[Dataset excerpts]
———

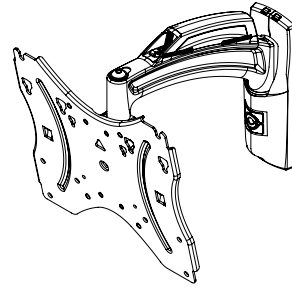

THININSTALL™

Swing Arm Wall Mount

TS110SU

COMPATIBLE MOUNTING PATTERNS INCLUDE:
75 X 75, 100 X 100, 200 X 100, 200 X 200
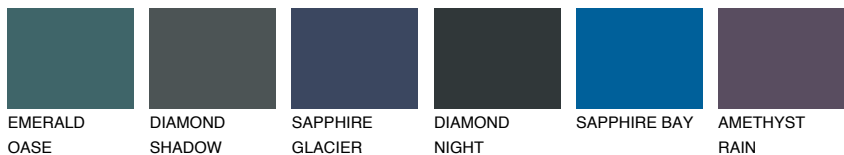

COLOUR DETAILS

OREGON4 OR4

43% TSR 47%

Matching colours

COLOURS

INTENSE

For more information on plasters and paints, go to www.ceresit.it

*The presented colours refer to plasters and paints offered by Ceresit. Due to the use of digital techniques, the presented colours might not represent the original ones, thus they cannot be considered as a reliable colour presentation. We recommend checking the authentic colour samples.
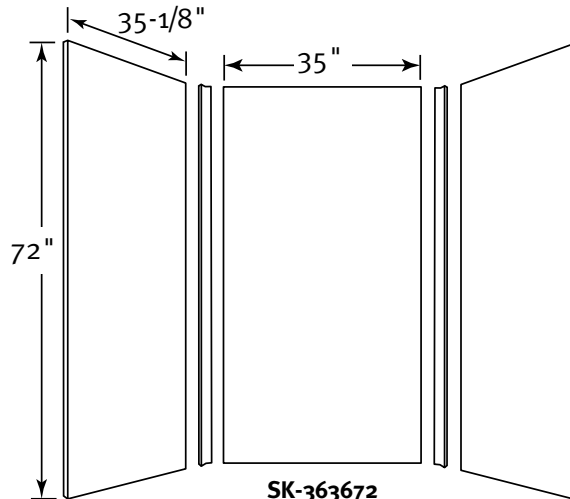

FEATURES

- Reinforced solid surface means color and texture run all the way through and cannot wear away
- Will not mold or mildew, no grout to clean
- Ideal for remodeling, panels glue up over existing surface
- Coordinates with Swanstone Vanity Tops, Shower Floors and Decorative Panels
- A complete kit with everything you need to design your shower
- Wall panels are cut to fit most shower applications with no trimming required
- Heat resistant—walls can handle steamer units
- Compression molding means superior durability

• The SK-363672 is a 5-piece shower wall panel system with a smooth surface

SK-363672
 Designed to fit base areas
 36" deep or smaller x 36" wide x 72" high (914 mm x 914 mm x 1829)

SPECIFICATIONS

SK-363672 Swanstone Shower Wall Kit

Model	Part	Base Area Designed To Fit	Ship Wt. Lb.	Ship UPS	Carton Dims. In.	Cu. Ft.
SK-363672	SK363672	36" D* x 36" W x 72" H (914 mm x 914 mm x 1829 mm) (*or smaller)	110	-	75 x 39 x 5	8.46

Kit Includes: Two side panels, one back panel, two corner molding strips, two corner soap dishes, four tubes of adhesive, one tube of caulk, one roll of pressure sensitive tape and complete installation instructions.
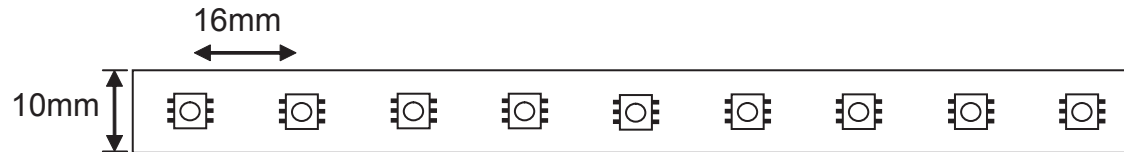

LED Type High Brightness 5060 SMD LEDs  
 # of LEDs per foot (304mm) 18  
 Viewing Angle 120°  
 LED Life 50,000 hours to 70% initial lumen output  
 Colour Temperature 3000K (+/- 200K)  
 Lumen Output 285 Lumens per ft  
 CRI 80+  
 Custom Cuttable 4"  
 Operating Voltage 24V DC  
 Maximum Single Run 20' (6.08M)  
 Power Consumption 4.3W / ft  
 LED Spacing 16mm  
 Approvals QPS  
 Adhesive 3M double side adhesive tape

Revisions:

4		
3		
2		
1		

Project:

Part number: LTP-XX-WW□

Scale: NTS

Product: HIGH POWER TAPE LIGHT 4.3W/FT INDOOR USE WARM WHITE

Type:

Date:
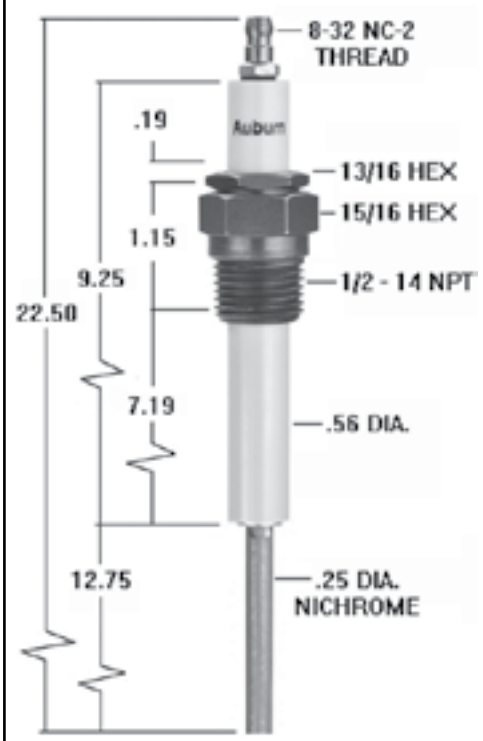

149T-1.090

NOTE: Crown generic available: CA250

SPECIAL NOTE

There are a number of Auburn items that are not shown in this catalog addition because of a lack of sales history or perhaps deemed obsolete by the manufacturer.

If you have a reference number you don't see, please call us to see if is still available.

FRS-2 SERIES 1/2" NPT MOUNTING THD.	
P/N	"A" - DIM
FRS-2-6	6"
FRS-2-12	12"
FRS-2-18	18"
FRS-2-24	24"

FRS-2 SERIES
NOTE: Crown generic available: CA390 thru CA393

FRS-3 SERIES
NOTE: Crown generic available: CA410

FRS-4 SERIES 1/4" NPT MOUNTING THD.	
P/N	"A" - DIM
FRS-4-4	4"
FRS-4-6	6"
FRS-4-12	12"
FRS-4-18	18"
FRS-4-24	24"

FRS-4 SERIES
NOTE: Crown generic available: CA430 thru CA441
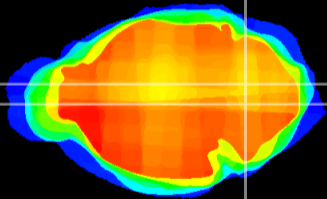

Coronal

Sagittal-R

Sagittal-L

ViBrism: CX03427
Horizontal

MVe
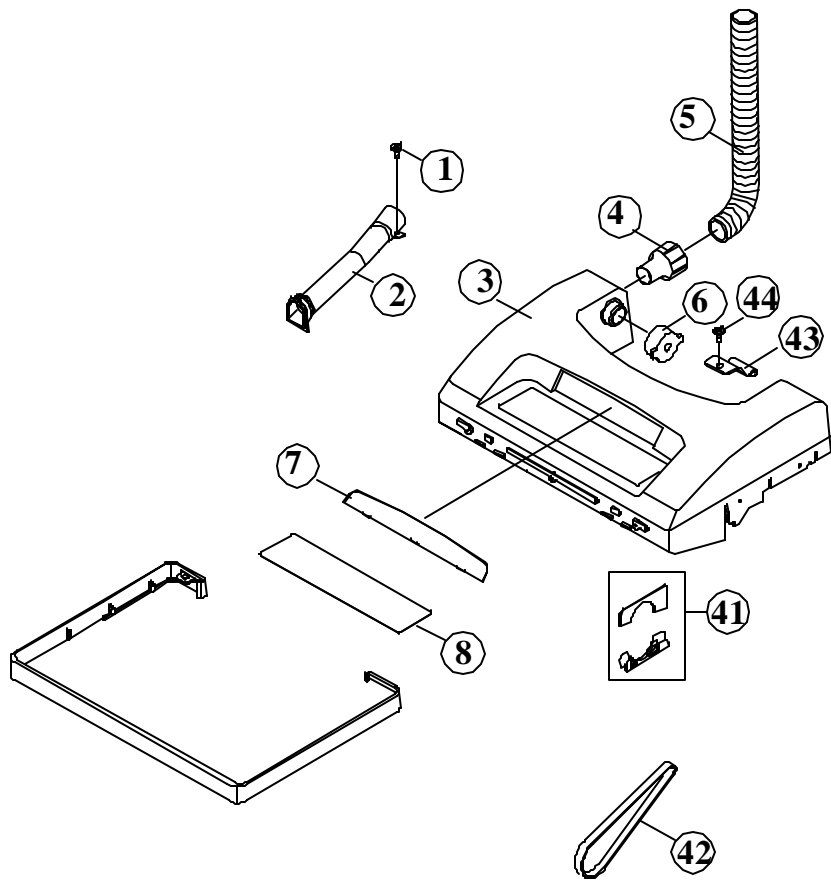

B

DRAWING B

CMPS-1T

KEY	ITEM	DESCRIPTION	KEY	ITEM	DESCRIPTION
1	A732-2500	Screw for Inlet Tube	26	B012-0600	Brushroll Felt Washer
2	B017-1131	Nozzle Inlet Tube	27	B012-1300	Brushroll Bearing
3	CM011002	Nozzle Housing	28	B012-0500	Brushroll Bearing Holder
4	B625-0331	Stretch Hose Cuff	29	CMP-STRIP	Brush Insert Strips
5	CM031008	Stretch Hose	30	B012-0400	Brushroll Belt Pulley
6	84.200	Pivot Sleeve Bushing	31	B624-0100	Brushroll Spacing Spring
7	CM011001	Lens Green	32	B012-0800	Brushroll Pulley Metal End Cap
8	CMP-MARK	Clean Max Top Mark	33	B012-0114	Brushroll Pulley End Rubber Cap
9	CM040001	Metal Telescopic Wand	34	B012-1000	Brushroll Shaft
10	CM040002	Crevice Tool	35	A732-0400	Brushroll Spring Clip
11	CM040003	Dusting Brush	36	A732-0200	Brushroll E-Clip
12	CM011007	Base Plate Assembly	37	B123-1300	Metal Pivot Sleeve
13	CM031001	Base Plate Gasket	38	CM031002	Front Rubber Motor Mount
14	B010-0500	Base Plate Wheel Axle	39	CM011010	Motor Assembly
15	B010-0413	Base Plate Wheel	40	CM031003	Rear Rubber Motor Mount
16	A732-2100	Base Plate Wheel Push Nut	41	B017-1200	Vented Support Felt & Fitting
17	CM011012	Base Plate Latch Stud Screw	42	CMPS-BB	Belt
18	AEA0493001	Shoulder Washer f/Latch	43	53.088	Handle Release Spring
19	004230216	Screw for Latch	44	CM031000	Screw f/Handle Release Spring
20	AEA0473000	Base Plate Latch Leaf Spring	45	CM011004	Pedal Frame
21	CM011008	Base Plate Latch Left	46	B014-0500	Rear Belt Guard
22	CM011009	Base Plate Latch Right	47	CM011006	Rear Swivel Belt Cover
23	CMPS010130	Brushroll Assembly	48	CM031003	Screw for Pedal Frame
24	B012-0214	Brushroll Rubber End Caps Left	49	CM031004	Screw for Swivel Belt Cover
25	B012-0700	Brushroll Left Metal Cap	50	CM031005	Spring for Swivel Belt Cover

———

# Problem
Every line that contains "adhesive" should be copied out of the data.

# Solution for this task
Kit Includes: Two side panels, one back panel, two corner molding strips, two corner soap dishes, four tubes of adhesive, one tube of caulk, one roll of pressure sensitive tape and complete installation instructions.
 Adhesive 3M double side adhesive tape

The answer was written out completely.